DATA FOR PROCESSING Block Start
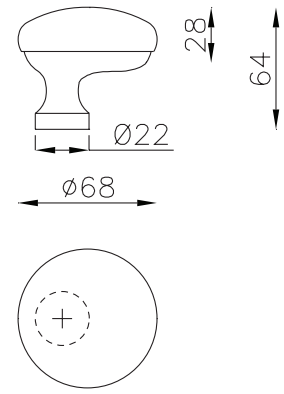

art. **346** ATLANTIDE

Brass Class POMOLI FISSI/FIXED KNOBS
100% Ottone

346 PF 006 - LV
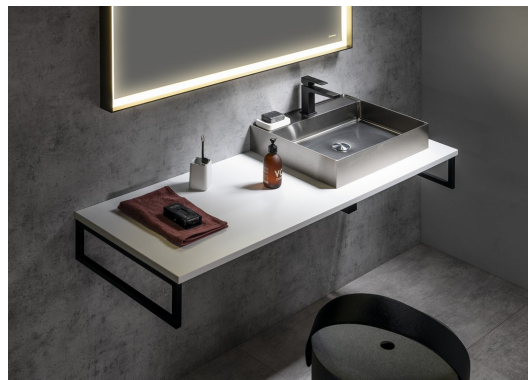

Objednací kód: PL070-0101

Základní informace

Značka: Sapho
Série: Desky PLATO

Rozměry

Šířka: 700 mm
Výška: 24 mm
Hloubka: 500 mm

Parametry

Barva: Bílá mat
Jiné barevné provedení: Dle vzorníku
Materiál: Solid Surface
Instalace: Závěsné na stěnu
Typ skříňky: Deska
Typ umyvadla: Umyvadlo na desku
Hmotnost / ks: 17.91 kg
Záruka: 2 roky
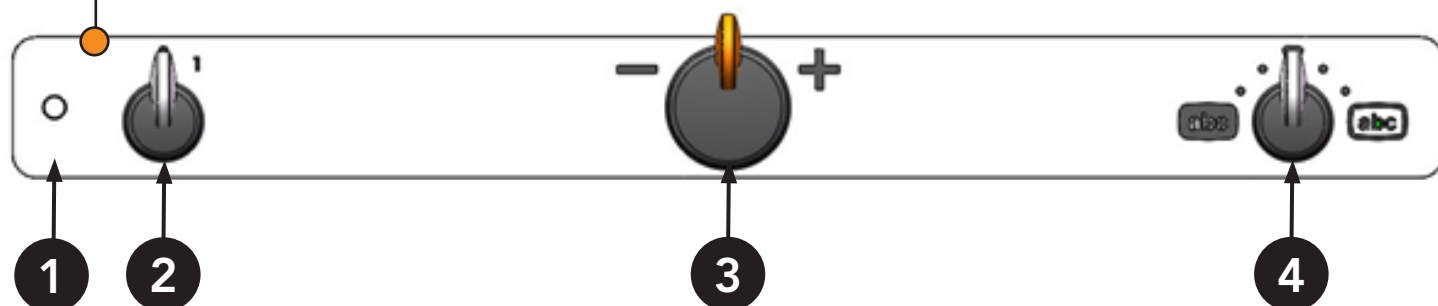

Hurtigmanual, kontrollpanel

MagniLink Vision Basic, 3 skru

- 1** LED-indikator
- 2** Av/på
- 3** Forstørrelsekontroll (+/-)
- 4** Fargebilde/Høykontrastmodus

Lær mer om våre produkter på www.provista.no.
Kontakt ProVista på telefon 22 69 61 00 hvis du trenger hjelp med produktet.

Hurtigmanual, X/Y-bord MagniLink Vision

5 Sidejustering

Flytt låsespaken til venstre for å redusere sidefriksjonen. Flytt låsespaken til høyre for å øke / låse sidefriksjonen.

6 Dybdejustering

Flytt låsespaken fremover mot deg for å redusere dybdefriksjonen. Flytt låsespaken bakover for øke / låse dybdefriksjonen.
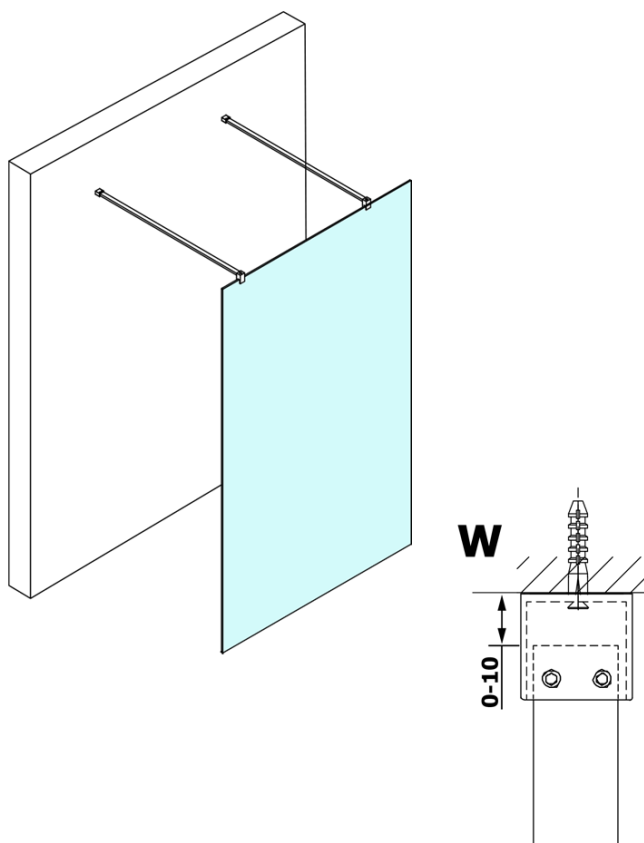

Produktový list

Objednací kód: **GX1480GX2214**

VARIO BLACK jednodílná sprchová zástěna do prostoru,
matné sklo, 800 mm

MODEL	A
GX1470	679
GX1480	779
GX1490	879
GX1410	979
GX1411	1079
GX1412	1179
GX1413	1279
GX1414	1379
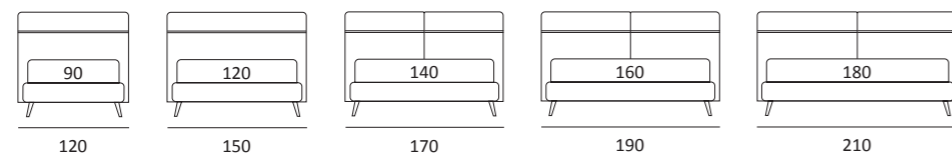

CHOP LIFT

DI SERIE:
Piede in legno **Log** h cm 18, colore wengè

OPTIONAL:
Piede in legno **Log** h cm 18, colori bianco, naturale
Piede in metallo **Bill** e **Tube** h cm 18, finitura marrone moka
Piede in metallo **Glam, Peak** e **Wily** h cm 18, finitura cromo, colori polvere, seta
Piede in metallo **Hop** h cm 18, finitura manganese

AS STANDARD:
Log wooden foot H 18 cm, colour: wenge

OPTIONALS:
Log wooden foot H 18 cm, colours: white, natural
Bill and Tube metal foot H 18 cm, brown mocha finish
Glam, Peak and Wily metal foot H 18 cm, chrome finish, colours: powder, silk
Hop metal foot H 18 cm, manganese finish
DATA FOR PROCESSING Block End
| THE PROBLEM |
Above are the records. Identify each line that contains the word "finitura".

| TASK SOLUTION |
Piede in metallo **Bill** e **Tube** h cm 18, finitura marrone moka
Piede in metallo **Glam, Peak** e **Wily** h cm 18, finitura cromo, colori polvere, seta
Piede in metallo **Hop** h cm 18, finitura manganese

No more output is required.